Рвется сердце, не хватает воздуха.
И уже молочный свет люминесцентных фонарей впереди. Уже площадь на виду, и тени прохожих, и машины…
34
Вырвался. Круто завернул за угол.
Шарахнулась от меня какая-то женщина…
Еще немного, еще подальше… Но сил уже нет, и сердце молотит где-то под горлом, и не могу дышать, не хватает воздуха.
Я припал к первому же столбу с раскрытым ртом, с дергающимися коленками, непослушными пальцами суетливо искал, за что бы зацепиться.
Тишина, хотя сердце набатно бьется на всю площадь. Тишина, хотя вижу, как разворачивается автобус, слышу звук его мотора. Тишина и голоса людей, идущих мимо. Тишина, не слышу — туп-туп-туп!
Оглядываюсь на угол дома, из-за которого я только что выскочил. Угол, а за ним сразу темная сырая улица с редкими фонарями, с мрачными арками, без прохожих. Он там притаился, он должен сейчас показаться.
Закричать? Созвать людей?.. Но воздуха не хватает, чтоб дышать, а уж кричать-то и подавно.
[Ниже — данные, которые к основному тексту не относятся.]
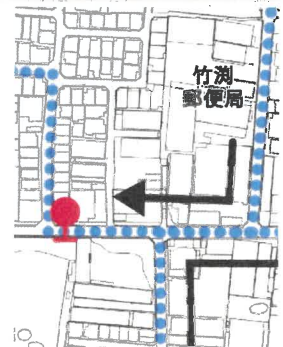

- 【営業区域】
- 竹淵一丁目、四丁目
 - 竹淵西一丁目、三丁目、四丁目
 - 竹淵東一丁目、二丁目、四丁目
 - 南亀井町一丁目、二丁目
 - 龍華町一丁目、二丁目
 - 跡部南の町二丁目
 - 南太子堂六丁目

運行ダイヤ（平日）

乗降場／発時刻	1便	2便	3便	4便	5便	6便	7便	8便
①八尾市立病院前		8:39	9:46	10:44	11:34	12:30	14:30	15:59
②JR久宝寺駅前		8:41	9:48	10:46	11:36	12:32	14:32	16:01
③竹渚東一丁目	7:50	8:53	10:00	10:58	11:48	12:44	14:44	16:13
④(老人ホーム)善幸苑竹渚前	7:51	8:54	10:01	10:59	11:49	12:45	14:45	16:14
⑤竹渚西一丁目	7:53	8:56	10:03	11:01	11:51	12:47	14:47	16:16
⑥東平野ゴルフセンター前	7:55	8:58	10:05	11:03	11:53	12:49	14:49	16:18
⑦竹渚西四丁目第2公園前	7:57	9:00	10:07	11:05	11:55	12:51	14:51	16:20
⑧いずい医院前	8:02	9:05	10:12	11:10	12:00	12:56	14:56	16:25
⑨竹渚第1公園前	8:04	9:07	10:14	11:12	12:02	12:58	14:58	16:27
⑩竹渚コミュニティセンター前	8:06	9:09	10:16	11:14	12:04	13:00	15:00	16:29
⑪竹渚小学校前	8:07	9:10	10:17	11:15	12:05	13:01	15:01	16:30
⑫竹渚東二丁目	8:09	9:12	10:19	11:17	12:07	13:03	15:03	16:32
⑬南亀井町二丁目	8:13	9:16	10:23	11:21	12:11	13:07	15:07	16:36
⑭南亀井町一丁目	8:14	9:17	10:24	11:22	12:12	13:08	15:08	16:37
⑮跡部南の町二丁目	8:15	9:18	10:25	11:23	12:13	13:09	15:09	16:38
⑯南太子堂六丁目	8:17	9:20	10:27	11:25	12:15	13:11	15:11	16:40
⑰JR久宝寺駅前	8:24	9:27	10:34	11:32	12:22	13:18	15:18	16:47
⑱八尾市立病院前	8:25	9:28	10:35	11:33	12:23	13:19	15:19	16:48

※1便については、①八尾市立病院前と②JR久宝寺駅前には停車いたしません。

乗降場

①⑱八尾市立病院前

②⑰JR久宝寺駅前

③竹漕東一丁目

④(老人ホーム)善幸苑竹漕前

⑤竹漕西一丁目

⑥東平野ゴルフセンター前

⑦竹漕西四丁目第2公園前

⑧いずい医院前

⑨竹漕第1公園前

⑩竹漕コミュニティセンター前

⑪竹漕小学校前

⑫竹漕東二丁目

⑬南亀井町二丁目

⑭南亀井町一丁目

И ноги не держат, любое лишнее усилие сбросит на землю, к подножию столба.
И к чему кричать, когда его нет. Тишина, весь мир заглушен моим подержанным сердцем. Но и сквозь набат своего сердца «туп-туп» я услышал бы. Тишина.
Я провел рукой по лбу, вытирая пот. Шляпы нет, потерял… В черном небе раскаленная надпись над крышей вокзала «К А Р А С И Н О» — вывеска моего родного города.
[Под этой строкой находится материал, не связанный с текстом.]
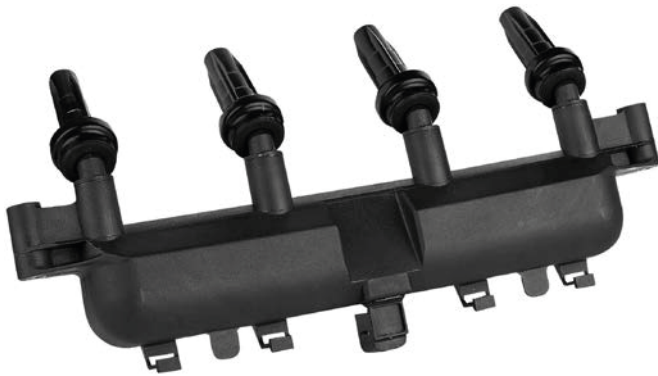

HB 2085

PEUGEOT

Ficha negra

Напротив ярко освещенное кафе, оно без окон, просто застеклена вся стена, от мостовой до второго этажа. Там, за стеклом, в медовом свету сидели люди и всенародно, напоказ закусывали.
Мимо прошагал военный, по лаковому козырьку его фуражки рубиновой змейкой скользнула вокзальная надпись. Военный покосился на меня с превосходством и сочувственно: «Ну и нагрузился же ты, папаша!»
Лицо женщины, сменившее лицо военного. Женщине не до меня, углублена, озабочена, как бы скорей добраться до дому…
И где-то за сверкающей огнями широкой грудью вокзального здания, горделиво несущего вывеску моего города, успокоенно покрикивал маневровый паровозик.
Сердце перестало оглушать весь мир, из горла оно опустилось в грудь, колотилось уже в ребра. Я стал ощущать отрезвляюще сырой воздух, но все еще дрожали колени.
Вместе с отрезвляющим воздухом вернулись и трезвые мысли: «Герой. Целый день храбрился, шатался по улицам, в милицию не пошел, а тут откуда такая прыть?..» Даже трудно разобрать, стыд это или укор себе за неосмотрительность. Нет, всё-таки стыд, но какой-то ватный, как мое обмякшее, огрузневшее тело. Выходя из дома Леденева, я думал, что у меня отнято все, больше ничего отнять нельзя, только постылую жизнь. Жизнь цела, но что-то все-таки отнято…
Гордость!
Гордился собой, что пренебрегаю смертью, что истина дороже жизни. Хотел даже встречи с ним, надеялся, что не дрогну. И рванул затравленным зайцем… Шляпу потерял… «Ну и нагрузился же ты, папаша…» Отнято, наверное, самое, самое последнее, а жизнь осталась.
— Здравствуйте, Николай Степанович, — тихий голос за спиной.
Я даже не вздрогнул, я, кажется, ждал этот голос. Я медленно, медленно обернулся.
Прижимая локтем брезентовую сумку, стоял он. Брюки с пузырями на коленях, мокрый ватник коробом, потасканное круглое лицо в знакомой щетине, красный, не впечатляющий нос — не страшен. Под сплющенной кепчонкой смутный и далекий блеск глаз. И я завороженно загляделся в эти глаза.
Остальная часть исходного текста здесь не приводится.